Sunday, November 27, 2005

King To Nothingness

And suddenly I’m a leper,
My rotten, putrid body falling apart.

I just wanted to touch you
So I could get rid of this disease,
So I could heal this sickness…
How selfish of me…

But you made it impossible,
You made yourself untouchable,
Impervious to all my pain,
Unreachable, way up in that castle.

Old battle scars keep you
From leaving your throne,
A self acclaimed king,
In that old castle down on a valley.

Overlooking my every move
Without ever really watching.
Over thinking wrongly spoken words,
Without ever really knowing.

And suddenly I’m a king,
My heavy, unwanted crown sits on my head.

In my own castle I stand,
Observing your every move,
While recent wounds
Heal in to painful scars.

I destroyed the walls
I thought kept me from you.
Realizing now that in fact
They hid you from me.

Now I see you, now I see me,
And I get sick from what I see,
Reflected in this mirror:
A selfish King to nothingness.

Saturday, November 26, 2005

Time To Fight


Preparing myself for war,
Never knowing when the trumpet to charge will sound.

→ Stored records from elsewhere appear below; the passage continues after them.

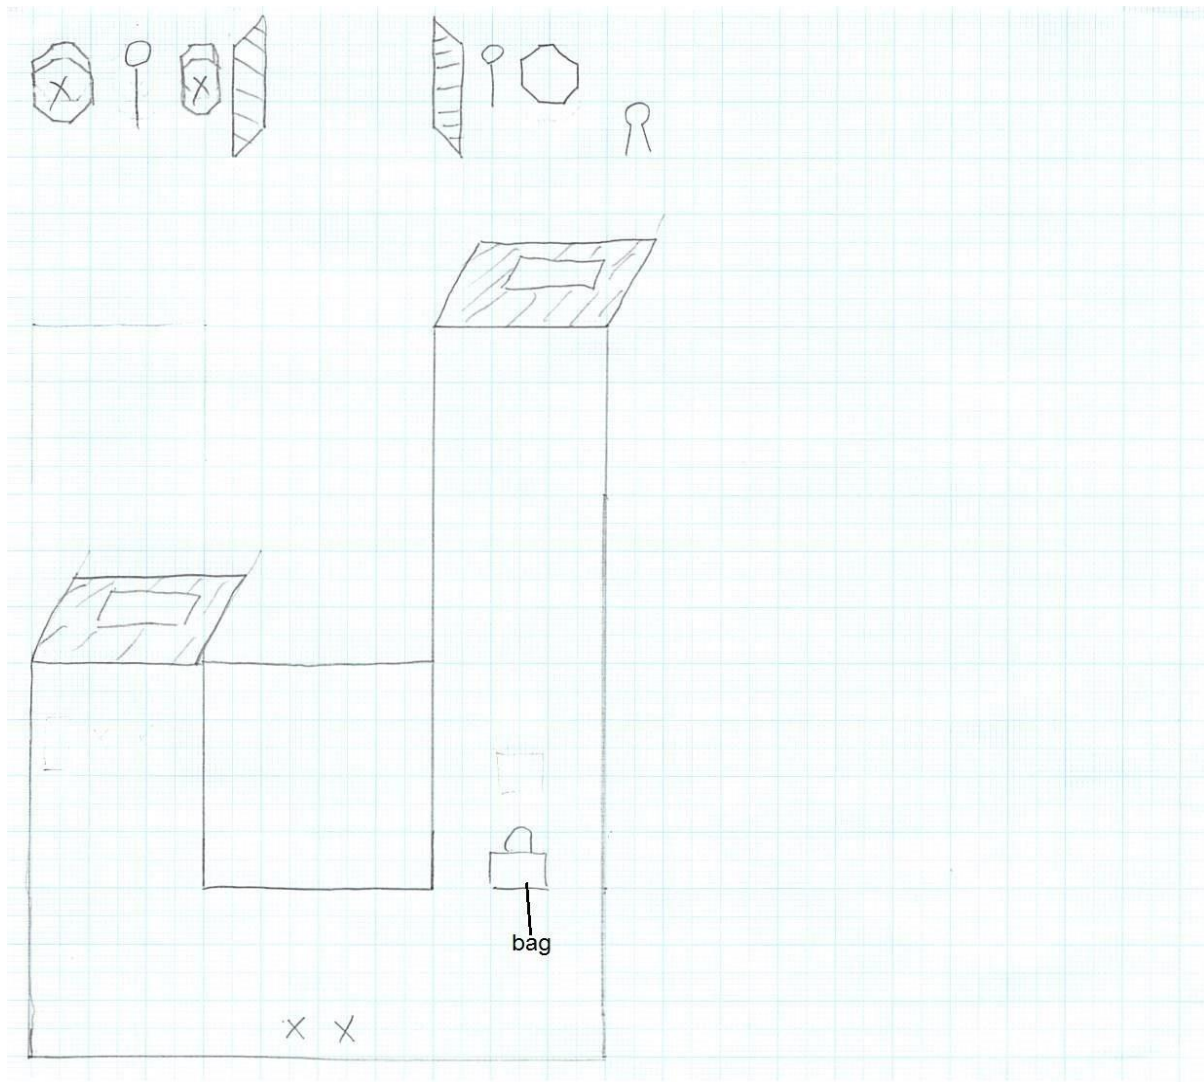

type: long

target:

IPSC target 8

popper 12

plate 0

no shoot 9

number of projectiles to be scored: 28 projectile / 140

gun in ready condition: holster

start position: anywhere inside the fault line, facing down range , natural standby

timer start: audible

procedure: after signal, engage all targets visible from within the designated area.

type: short

target:  
IPSC target 3  
popper 1  
plate 2  
no shoot 2
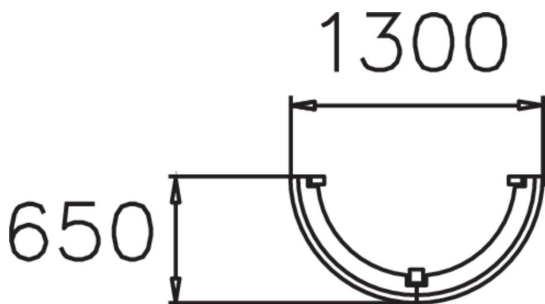

URBAN RAIL HALF ROUND

Semi-circular railing with plank seat.

Product height, mm	630
Foundation options	deep_mounting
Wood	
Metal	
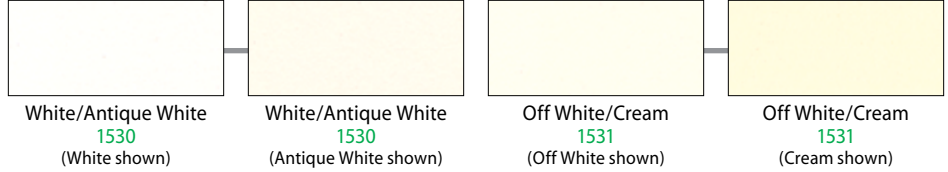

Key: **RagMat Museum Solids, 32x40 (81x102cm)** **RagMat Museum Solids (Unbuffered), 32x40 (81x102cm)** **RagMat, 32x40 (81x102cm)** **RagMat Antiquarian, 32x40 (81x102cm)**
RagMat Museum Solids, 40x60 (102x152cm) **RagMat, 40x60 (102x152cm)** **RagMat Noir, 32x40 (81x102cm)**

A

B

C

D

E

F

RagMat® Cotton Mounting Boards

When mounting and matting valuable artwork, it is important to complete the conservation package by protecting the artwork on both sides. That is why Crescent offers the most complete collection of 100% cotton mounting boards in the industry. Available in a variety of sizes and thicknesses, and in the most useable colors, Crescent RagMat cotton mounting boards are versatile enough to satisfy any conservation mounting need.

MUSEUM DUPLEX

1. 2 Two-sided museum mounting board. Double-sided 100% cotton board with a different color each side. .045 thickness
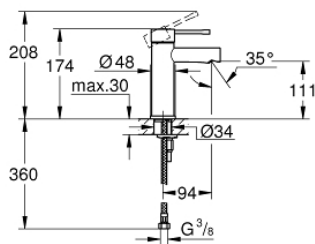

34 294 001 **ESSENCE BASIN MIXER 1/2"**
S-SIZE

PRODUCT DESCRIPTION

- Colour: Chrome
 - monobloc installation
 - metal lever
 - 28 mm ceramic cartridge with GROHE SilkMove
 - with temperature limiter
 - GROHE Long-Life finish
 - GROHE Water Saving mousseur 5.7 l/min
 - GROHE FastFixation Plus installation system
 - smooth body
-
- flexible connection hoses

34 294 001 **ESSENCE BASIN MIXER 1/2"**
S-SIZE

SPARE PARTS, December 2021 – now

- 1: Lever (Spare part-nr. 46917000)
 - 2: retaining ring (Spare part-nr. 46715000)
 - 3: Cartridge (Spare part-nr. 46580000)
 - 4: Flow restrictor (Spare part-nr. 46765000)
 - 5: Escutcheon (Spare part-nr. 48603000)
 - 6: Shank mounting kit (Spare part-nr. 46645000)
 - 7: Waste set with push-open plug (Spare part-nr. 65807000)*
 - 8: Mounting wrench (Spare part-nr. 19017000)*
- * Optional accessories
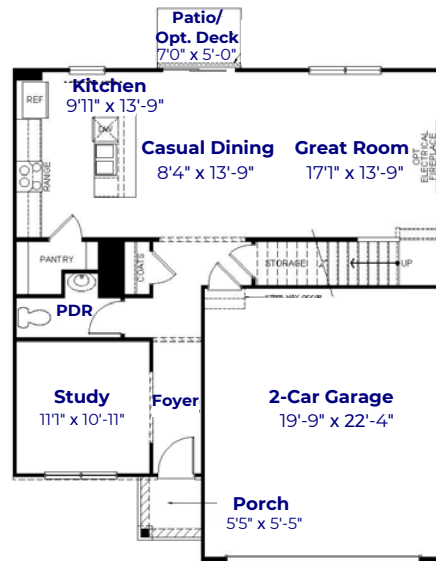

THE **PENDLETON**

ELEVATION - A
(SHOWN WITH OPTIONAL STONE)

ELEVATION - B
(SHOWN WITH OPTIONAL STONE)

ELEVATION - C

ELEVATION - D
(SHOWN WITH OPTIONAL STONE)

THE **PENDLETON**

2155 SQUARE FEET

Stairs at Opt. Basement

SECOND FLOOR

Opt. Gas Fireplace

Opt. Bedroom 4

FIRST FLOOR

Opt. Oversized 3rd Car Garage
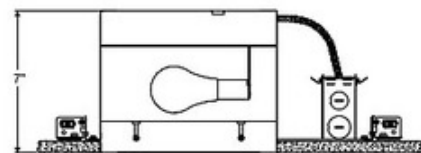

**BRAND**

Juno Lighting

**DESCRIPTION**

IC6 8 Inch Square IC Housing features a double wall housing construction. IC designation allows for housing to be completely covered with insulation. Accommodates ceiling thickness up to 1 inch. One 120 volt, 60 watt medium base incandescent or LED equivalent lamp is required, but not included. Consult lamp manufacturer for dimmer compatibility when using LED equivalent. UL listed for through-branch wiring, damp locations and IP. 17.4 inch length x 9.6 inch width x 7 inch height. A complete fixture includes a housing and trim, sold separately.

<b>TRIM COLOR</b>	N/A
<b>BODY FINISH</b>	Aluminum
<b>WATTAGE</b>	43W
<b>DIMMER</b>	Standard 120V
<b>DIMENSIONS</b>	17.4"L x 9.6"W x 7"H
<b>BULB NOT INCLUDED</b>	
<b>LAMP</b>	1 x A19/Medium (E26)/43W/120V Incandescent 1 x A19/Medium (E26)/120V LED

*Technical Information*

<b>CEILING TYPE</b>	Drywall with Trim
<b>HOUSING TYPE</b>	New construction IC
<b>HOUSING HEIGHT</b>	7"
<b>APERTURE SHAPE</b>	Square

**SPEC #** JUN25884

**8 5/8" SQ. CEILING CUTOUT**
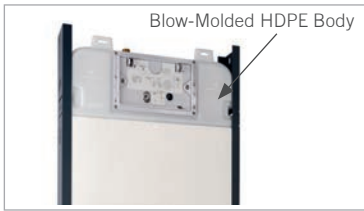

Superior Construction
Single Piece Blow-molded HDPE (High Density) body
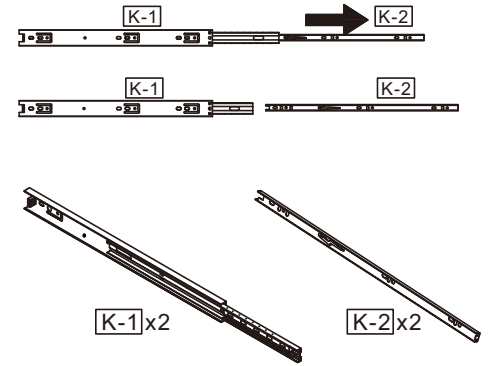

ASSEMBLY DIAGRAM

Bathroom Vanity

12 x2
13 x2

PARTS LIST

PARTS LIST			
①  Qty: 1PC	②  Qty: 1PC	③  Qty: 1PC	④  Qty: 1PC
⑤  Qty: 1PC	⑥  Qty: 1PC	⑦  Qty: 1PC	⑧  Qty: 1PC
⑨  Qty: 1PC	⑩  Qty: 2PCS	⑪  Qty: 2PCS	⑫  Qty: 2PCS
⑬  Qty: 2PCS	⑭  Qty: 2PCS	⑮  Qty: 2PCS	⑯  Qty: 2PCS

⑰  Qty: 2PCS	⑱  Qty: 1PC	⑲  Qty: 1PC	
---	--	---	--

PARTS LIST

HARDWARE LIST						
						
6x35mm	15x10mm	6x30mm	3.5x12mm	4x30mm		4x35mm
A 37PCS	B 37PCS	C 24PCS	D 24PCS	E 8PCS	F 2PCS	G 15PCS

					
H 6PCS	I 16PCS	J 4PCS	K 4PCS	L 8PCS	M 48PCS

					
N 4PCS					

CAUTION: Please confirm the parts list before installation

YOU MAY NEED (NOT SUPPLIED)

INSTALLATIONS

STEP1

HARDWARE LIST	
A  20PCS	

STEP2

HARDWARE LIST	
G  4PCS	
4x35mm	

STEP3

HARDWARE LIST	
A  4PCS	
K  4PCS	
D  12PCS 3.5*12mm	

STEP4

HARDWARE LIST	
B  2PCS	
C  2PCS	

STEP6

HARDWARE LIST	
G  3PCS	
4x35mm	

STEP5

HARDWARE LIST	
B  2PCS	
C  2PCS	
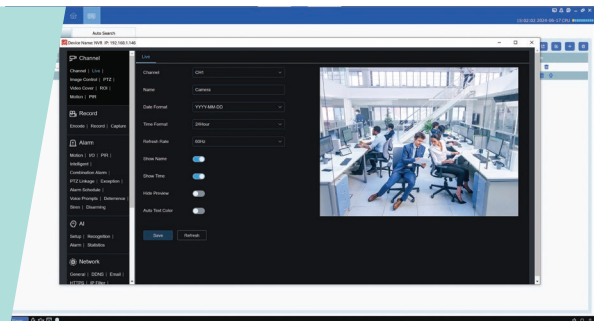

Live View

- Real-Time Monitoring: Instantly view live camera feeds
- Multi-Camera Display: Up to 128 channels
- Custom Views: Arrange camera feeds for optimal visibility
- Remote Access: Monitor from anywhere

SL VMS™

- Fast playback
- Multiple search filters
- User account access limits
- Easy P2P connection
- AI features

Data Analysis

- View statistics for multiple AI functions
- Filter the data by date and time
- Export data to Excel file

Remote Configuration

- Efficient Setup: Configure cameras remotely
- Centralized Control: Adjust settings for multiple cameras from one location
- Quick Access: Control device interfaces remotely

Log Search
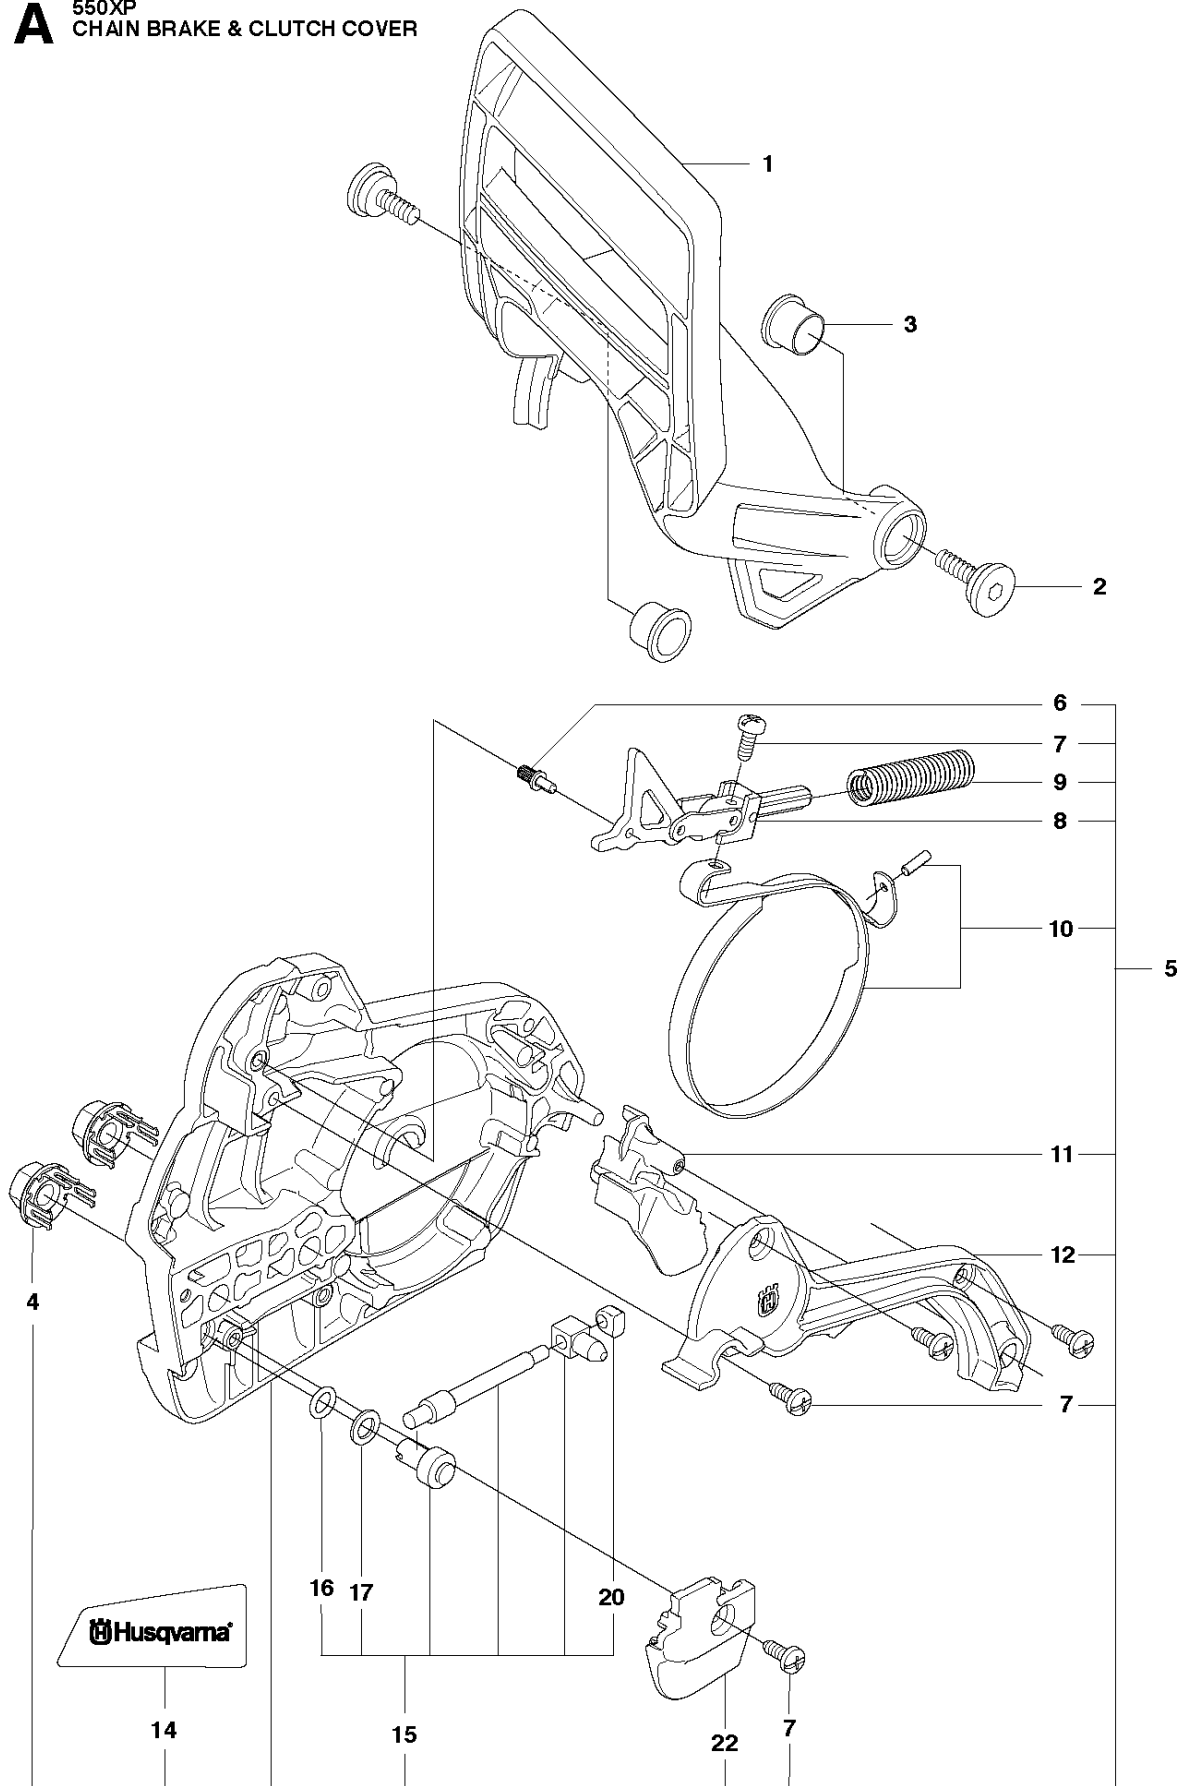

SPARE PARTS LIST

CHAIN SAWS

550 XP/XPG

A 550XP
CHAIN BRAKE & CLUTCH COVER

CHAIN BRAKE & CLUTCH COVER

550 XP/XPG

Ref	Part No	Description	Remark	QTY	KIT
1	522 67 75-01	HAND GUARD		1	
2	537 20 90-01	SCREW		2	
3	577 78 02-01	BUSHING		2	
4	505 19 73-01	NUT RETAINER ASSY		2	
5	505 19 90-05	CLUTCH COVER ASSY		1	
6	503 75 18-01	PIN KNEE-JOINT		1	5
7	503 21 70-10	SCREW CCRPANT		5	5
8	505 19 93-01	KNEE JOINT ASSY		1	5
9	503 90 83-01	BRAKE SPRING		1	5
10	505 19 95-02	BRAKE BAND ASSY		1	5
11	505 20 16-01	GUARD		1	5
12	505 19 97-01	COVER		1	5
14	523 05 80-01	LABEL		1	5
15	575 26 04-03	CHAIN TENSIONER KIT		1	5
16	740 48 07-02	O-RING		1	15, 5
17	503 23 00-63	WASHER		1	15, 5
20	537 01 74-01	BEARING SLEEVE		1	15, 5
22	505 19 98-01	CHAIN GUIDE		1	5

B 550XP
CLUTCH & OIL PUMP

CLUTCH & OIL PUMP

550 XP/XPG

Ref	Part No	Description	Remark	QTY	KIT
1	577 51 82-01	CLUTCH ASSY		1	
2	537 35 91-01	CLUTCH SPRING		2	1
3	575 26 10-03	CLUTCH DRUM	".325""x7"	1	
4	501 45 74-02	RIM	".325""x7"	1	3
5	503 25 34-01	NEEDLE BEARING		1	3
6	505 20 08-01	WORM WHEEL		1	
7	505 19 99-01	OIL PUMP ASSY		1	
8	505 20 02-01	PUMP PISTON		1	7
9	505 20 03-01	CASING		1	7
10	503 23 00-60	WASHER		2	7
11	503 89 16-01	SPRING		1	7
12	505 20 14-01	ADJUSTING SCREW		1	7
13	721 11 64-30	GROOVED PIN		1	7
14	510 02 06-01	SCREW IHSCM		2	
15	505 20 04-01	OIL HOSE		1	
16	504 71 00-03	OIL PLUMMET		1	
17	720 12 33-00	PARALLEL PIN		2	7
18	503 89 15-01	SPRING		1	7
19	505 20 01-01	PUMP CYLINDER		1	7
20	503 62 49-01	SEALING PLUG		1	7

Looking over my shoulders I see my brothers surrendering themselves,
And then I know I won’t fight alone.

I think to myself: “I’m not ready for this!”
As I see the enemy in the horizon running towards me.

I close my eyes searching for your words that will be my weapon,
While flaming arrows brush against my skin.

I only wish I die in time to fight this battle!
And falling on my knees I am risen and courage strengthened.

I hear the roar of this mighty army as we pray for the rain to fall on us
And wash clean the chains still holding us back.

I open my eyes to find the sword of the enemy ready to strike
And suddenly all fear disappears as I remember that we already won!

The Lost Sea

Watching on this side of the fence,
Squeezing a gaze through the pieces of wood,
Finding myself in awe
Of what reaches my eyes.

A silver sheet spread across the horizon,
Being ripped to shreds,
As they fight to escape from within,
Breaking the shine reflected in this mirror.

A fire is lit in me, a craving increases
And a drought is revealed.
I push myself even harder against
What keeps me from entering the water.

While one and another fall apart,
Lining up, pushing each other,
Eager to end their journey on the sand,
To find rest at last upon the shore.

The clouds witnessing with me from above,
As another wave breaks down,
Long for the storm to find an end,
And allow them to finally reveal the sun.

A few inches keep me from peeking over.
So I pray for patience to allow me to grow
And jump beyond this wall
That stands between me and the lost sea.